The Federal Reserve disappointed many market participants when it didn’t lower interest rates last month and President Trump recently named a successor to Jerome Powell. Suffice to say, there’s a lot going on at the central bank. Indeed, there may be more headline risk in the bond market than investors are comfortable with. However, avenues to survive and thrive during potentially tumultuous times exist. Those including putting active management to work. Enter the ALPS/SMITH Core Plus Bond ETF (SMTH), one of the fastest-growing ETFs in the active fixed income category.
The $2.45 billion SMTH turned two years old in December. It’s clear the ETF came to market at the right time; adoption of bond ETFs, including the actively managed variety, is on the rise.
“The number of bond ETFs available to investors has steadily increased since 2019,” noted Morningstar’s Daniel Sotiroff. “And a lot of investors are taking interest in them. Almost $430 billion flowed into bond ETFs in 2025, or about 30% of all ETF inflows for the year. Bond ETFs are a big component of the ETF ecosystem, and there are no signs of that trend slowing down.”
SMTH in the Right Place at the Right Time
Undoubtedly, SMTH is a success story. Understanding that success boils down to a few key factors, including advisors’ increasing demand for better bond mousetraps.

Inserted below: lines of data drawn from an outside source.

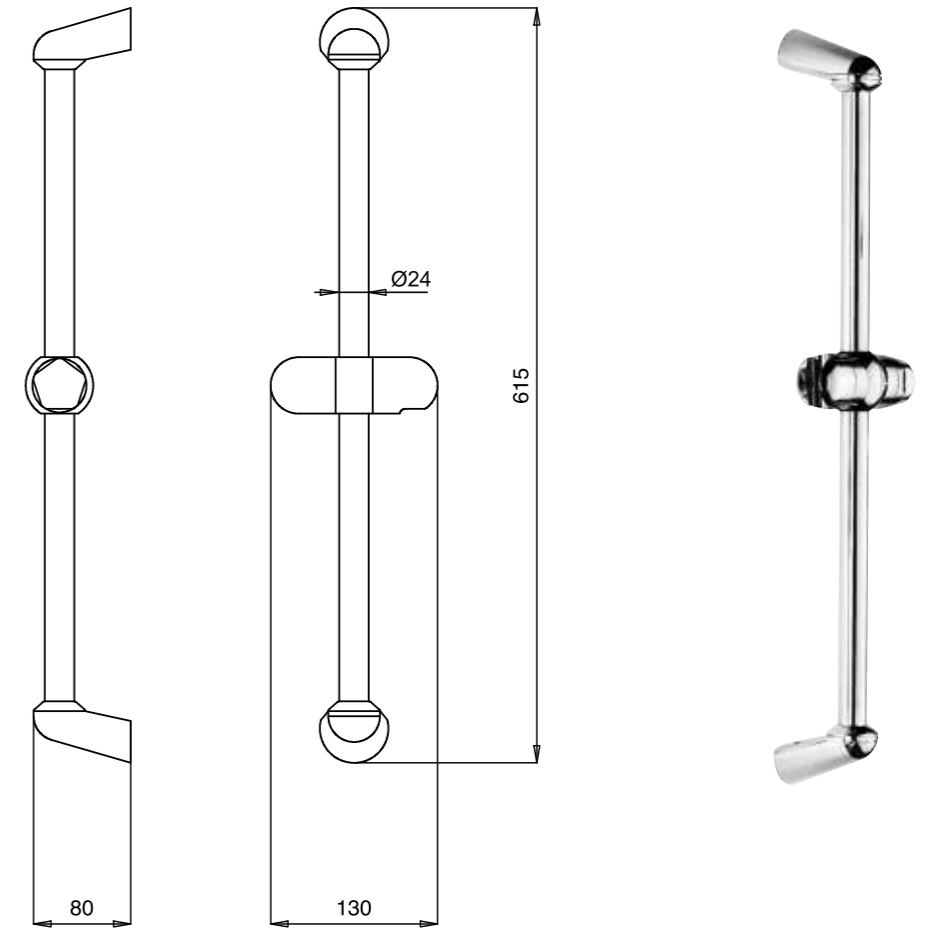

EKO SLIDING RAIL - BRASS / ABS E087006

LUXUS SLIDING RAIL - BRASS / ABS E087002
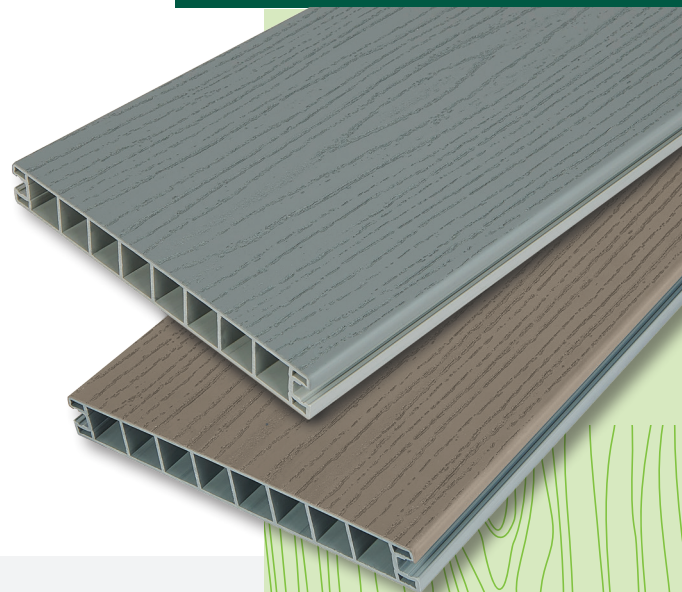

# Revive

Making outdoors, yours

Made from recycled PVC\*, Revive boards are an affordable, stylish, and eco-friendly choice.

Our Revive collection is designed for those who want the beauty and durability of premium composite decking, but at more affordable price.

This extra-wide board is fast to install using a hidden clip system, and creates contemporary, clean lines for the most modern garden.

\*100% recycled PVC core

Ecodek Revive is available in three stylish colour options.

Mocha

Stone Grey

Carbon Grey

Rot & split resistant

Splinter free

Slip resistant

Low maintenance

100% recycled PVC core

# Specification

|                  |       |
|------------------|-------|
| Standard length: | 4.9m  |
| Profile height:  | 25mm  |
| Profile width:   | 195mm |

|            |           |
|------------|-----------|
| Material:  | PVC       |
| Board type | Hollow    |
| Finish:    | Woodgrain |
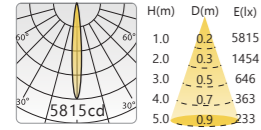

7140 | Recessed light

DIMENSION (mm)

POWER SUPPLY
220-240V DC

LUMEN EFFICACY
80lm/W

CRI (Ra)
> 90

CUT OUT (mm)
Ø75

Light distribution

5W-10° 3000K

“One reason is that stock ETFs are heavily picked over,” added Sotiroff. “Just about every stock strategy has been attempted at this point: broad market indexes, strategic-beta/risk factors, sustainability and values-based strategies, and thematic ETFs, along with active and passive approaches to many of them. The best stuff is already out there, it’s fairly inexpensive, and it’s difficult to compete with.”
It’s hard for even the most inventive issuers to develop captivating equity ETF ideas, but there’s ample room for innovation in the fixed income space. SMTH is arguably innovative because, while it’s not an “exotic” bond fund, it does things a little bit differently than standard passive aggregate bond ETFs — and those differences may work in long-term investors’ favor. On that note, it’s worth examining some of the advantages offered by ETFs like SMTH relative to passively managed rivals.
“In some instances, active managers can invest in bonds that are off-limits to the indexes tracked by the three ETFs mentioned here because they’re too small or too complicated to fit neatly into an index’s rules. For those reasons, active managers have some levers to pull to improve upon a broad market, index-tracking ETF,” concluded Sotiroff.